Benchmarks have demonstrated that Netfilter (and its connection tracking) account for a good amount of the CPU load on a busy server. A good server does not need to depend on a firewall for security: rather than blocking protocols and ports, the administrator should make sure that these services aren’t bound to public interfaces in the first place. An internal services bound on all interfaces is an indicator for misconfiguration.

It is a good idea to disable the firewall (in the kernel configuration) and audit all listeners. If you cannot do without a firewall, you can disable connection tracking for beng-proxy connections:

table raw {
  chain PREROUTING proto tcp dport http NOTRACK;
  chain OUTPUT proto tcp sport http NOTRACK;
}

Cacheable Widgets and Containers

If you do a lot of direct communication with widgets, its container should be cacheable. If not, the container will be queried each time a request for a widget is handled. On pages with many widgets, you should try to make all of them cacheable. See Caching for details.

Disabling Widget Options

Don’t enable widget options when you don’t need them. That affects the options “processor”, “container”, “stateful” and others. Each of them adds some bloat to the response handler, and slows down the application. See Widget registry for details.

Load Balancing

If a machine serving a resource is too slow, you may be able to parallelize its work. Note that this increases throughput, but usually does not reduce latency considerably. See Load balancing, failover.

The Stopwatch

The stopwatch measures the latency of external resources (e.g. remote HTTP servers, CGI and pipe programs). It is only available in the debug build (compile-time option --enable-stopwatch).

Example output:

stopwatch[172.30.0.23:80 /test.py]: request=5ms headers=85ms end=88ms (beng-proxy=1+2ms)

Here, the HTTP request to 172.30.0.23:80 was sent within 5 milliseconds. After 85 milliseconds, the response headers were received, and after 3 more milliseconds, the response body was received. All of these refer to wallclock time, relative to the start of the operation. Each client library may have its own set of breakpoints.

During this HTTP request, beng-proxy consumed 3 milliseconds of raw CPU time (not wallclock time): 1 millisecond in user space, and 2 milliseconds for the kernel.

Resources

beng-proxy delivers resources to its HTTP clients. It obtains these resources from several sources.

Static files

Local “regular” files can be served by beng-proxy. This is the fastest mode, and should be preferred, if possible. The Range request header is supported (bytes only).

Directory index

For security (by obscurity) reasons, beng-proxy has no code for generating directory listings.

HTTP proxying

beng-proxy implements an HTTP client, which allows it to act as a reverse HTTP proxy server. You should never make beng-proxy connect to itself.

Caching

Responses from the remote servers are cached, if possible. To allow proper caching, the remote server must set the response headers Last-Modified, Expires and ETag properly. Additionally, they should understand the according request headers If-Modified-Since and If-Unmodified-Since, If-Match, If-None-Match.
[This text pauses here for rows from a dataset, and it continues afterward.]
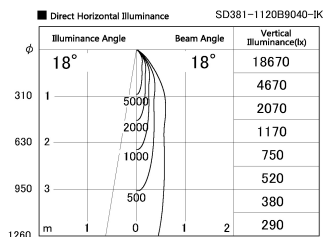

Item no. SD381-1120B9040-IK

Series Name: Cledy versa R-G (In-track)
(SD381-IK)

Installation	Track Mount
Type	
Fixture wattage	10.5W
Beam angle	18 deg
Color Temp.	4000K
CRI	Ra>90
Luminous	967 lm
Body	Die-castaluminumalloy
Body finish	Black
Trim finish	Black
Reflector finish	N/A
IP Rate	IP20
Light source	COBmodule
Input Voltage	AC220~240V
Dimming Type	Non-Dimmable
Certificate	CE,CCC
Cut Hole	N/A

The cache is local to a beng-proxy worker.

Connection pooling

beng-proxy attempts to use HTTP 1.1 keep-alive, to be able to reuse existing connections to a remote server.

Load balancing, failover

For a remote URL, more than one server may be specified. beng-proxy tries to use all of these equally. If one server fails on the socket level, beng-proxy ignores it for a short amount of time.

Forwarded headers

Not all request and response headers are forwarded, for various reasons:

  • hop-by-hop headers (RFC 2616 13.5.1) must not be forwarded

  • headers describing the body are not forwarded if there is no body

  • some headers reveal otherwise private information about the communication partner at the other end (e.g. IP address)

  • some servers rely on the authenticity of the X-CM4all-BENG-User header

  • due to imponderable security implications, much of the header forwarding is opt-in

By default, only the following original request headers are forwarded to the remote HTTP server:

  • the Accept-* headers

  • User-Agent

  • Cache-Control

  • in the presence of a forwarded request body: Content-Type and the other Content-* headers

  • Cookie2 is taken from the current session

Response headers forwarded to beng-proxy’s client:

  • Age, ETag, Cache-Control, Last-Modified, Retry-After, Vary, Location

  • Content-Type and the other Content-* headers

  • Set-Cookie2 is generated from the current session

The translation server can change the header forwarding policy, see Forwarding HTTP Headers.

SSL/TLS

To enable SSL/TLS, specify a https:// URL in the HTTP packet.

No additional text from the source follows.